Sur Thévenoud

Tel un running gag bien huilé, chaque jour qui passe s'accompagne de la révélation d'une nouvelle chose que Thomas Thévenoud ne payait pas. Ses impôts, son loyer, son kiné, ses amendes… À ce stade, ce n'est plus de la négligence, pas même de la pingrerie, on verse dans la psychiatrie ! Lui-même d'ailleurs emploie le terme de « phobie » pour qualifier son état.

Je suppose que ça l'arrange qu'on le croit malade. En quelque sorte, ça le dédouane un peu. « Ce n'est pas moi, c'est mon inconscient ! D'ailleurs, regardez, j’ai une attestation de la Faculté ! »

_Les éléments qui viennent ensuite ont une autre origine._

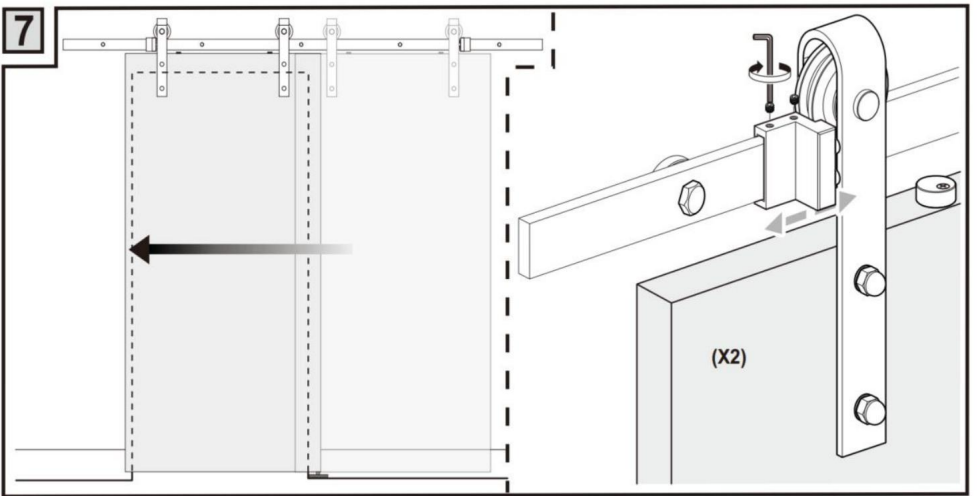

LISTA SPRZĘTU

	10ft Pojedynczne drzwi
	2 SZT.
	8 SZTUK
	M8x90 (8 SZT.)
	Φ12x50 (8 szt.)
	M4*25(2 SZT.)
	1 SZT.
	Φ6 (2 szt.)
	2 SZT.
	1 SZT.
	2 SZT.
	1 SZT.
	2 SZT.
	4 SZT.
	1 SZT.
	4 SZT.

Producent: Shanghaimuxinmuyeyouxiangongsi Adres: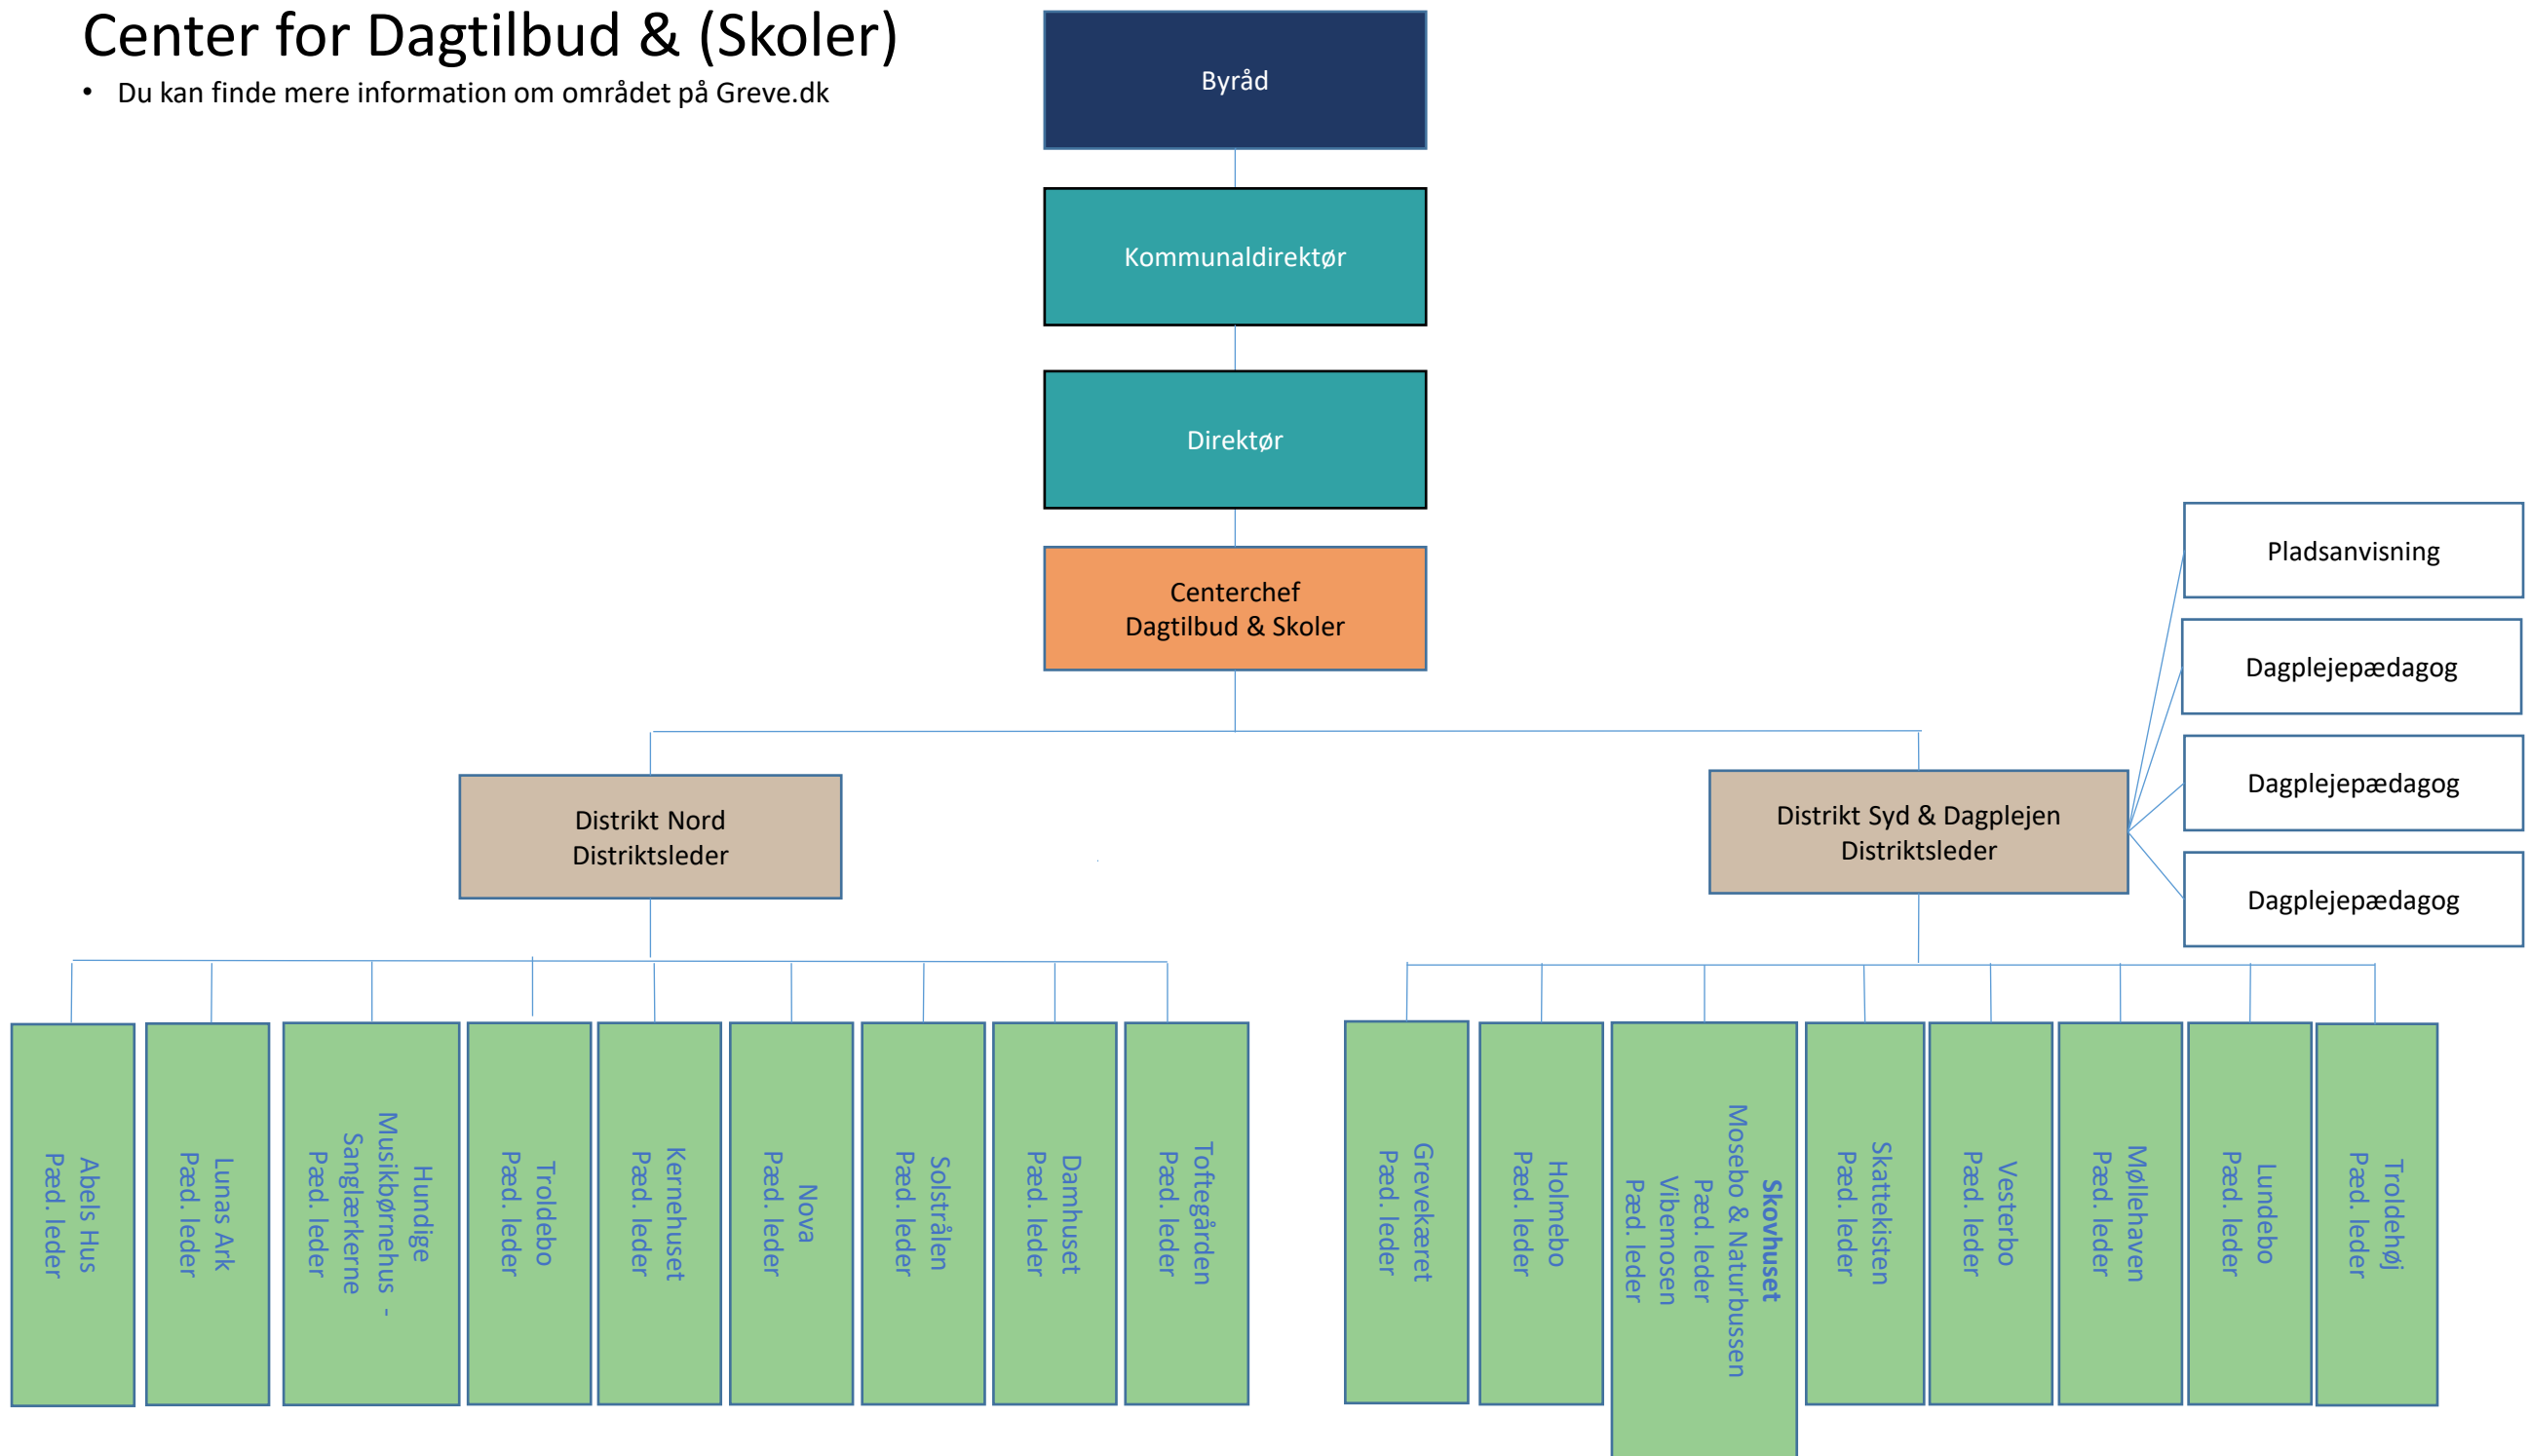

Ledelsesniveauer

Center for Børn & Familier

- Du kan finde mere information om området på Greve.dk

Center for Dagtilbud & (Skoler)

- Du kan finde mere information om området på Greve.dk

Selvejende institutioner:

Center for (Dagtilbud) & Skoler

- Du kan finde mere information om området på Greve.dk

Center for Politik, Organisation og Borgerbetjening

- Du kan finde mere information om området på Greve.dk

Center for Økonomi og HR

Center for Teknik & Miljø

Ne soyons pas dupe. S'il existe bel et bien des gens qui ont une peur phobique de l'administration, ceux-là ne se trouvent pas parmi les ministres mais bien plutôt parmi les sans-emplois, les sans-papiers, les sans-domiciles, les sans-dents, bref, tous ceux dont la survie est à la merci d’un aléa de la politique, d’un durcissement d’une règle administrative, de la publication d’une circulaire ministérielle. Le genre de circulaire que pondent des mecs comme Thomas Thévenoud.

La violence des élites ne tient pas seulement au fait qu’ils concentrent davantage d’argent et de pouvoir que les classes moyennes ou populaires, elle réside aussi dans leur maitrise des réseaux, dans leurs amitiés savamment cultivées, qui leur permettent de passer au travers des contingences du commun des mortels. Là où vous et moi investissons du temps, de l’énergie et surtout du stress pour trouver un emploi, une place en crèche ou un justificatif administratif quelconque, d'autres n'ont besoin que d'un coup de téléphone poli à tel camarade de promo devenu entre temps PDG, adjoint au maire, ou haut-fonctionnaire.

Le cas Thévenoud en est la parfaite illustration. Circulait sur Twitter il y a quelques jours un vieil article de Ouest-France où l'on apprenait qu'un quidam avait été condamné à un an de prison ferme en 2010 pour avoir refusé de déclarer ses revenus ; notre ex-ministre auto-proclamé phobique, lui, ne connaitra jamais les barreaux : sa situation fiscale a été « régularisée ». Que de violence et d’injustice derrière cet euphémisme.

Cerise sur le gâteau, celui qui refusait de déclarer ses revenus en privé était le même qui à l'Assemblée Nationale vilipendait la fraude fiscale et était nommé vice-président de la commission d'enquête sur l'affaire Cahuzac.

Je me demande toujours si ces gens se rendent compte. Énième illustration de la parabole de la paille et de la poutre ? Ou bien pleine conscience de ce qu’ils font mais sentiment d’impunité lié à leur statut social ? Ou carrément, la certitude que la loi est faite pour le bas-peuple et certainement pas pour leur auguste personne ? Un peu des trois, j’en ai peur.

En attendant, Thomas Thévenoud ne pourra pas mettre un pied sur un marché populaire ou dans un local du PS avant longtemps sans se faire cracher à la gueule. C’est que le bas-peuple a sa manière de rendre la justice, aussi.

Sinon, pendant ce temps, Manuel Valls fait des imprécations contre la montée du FN.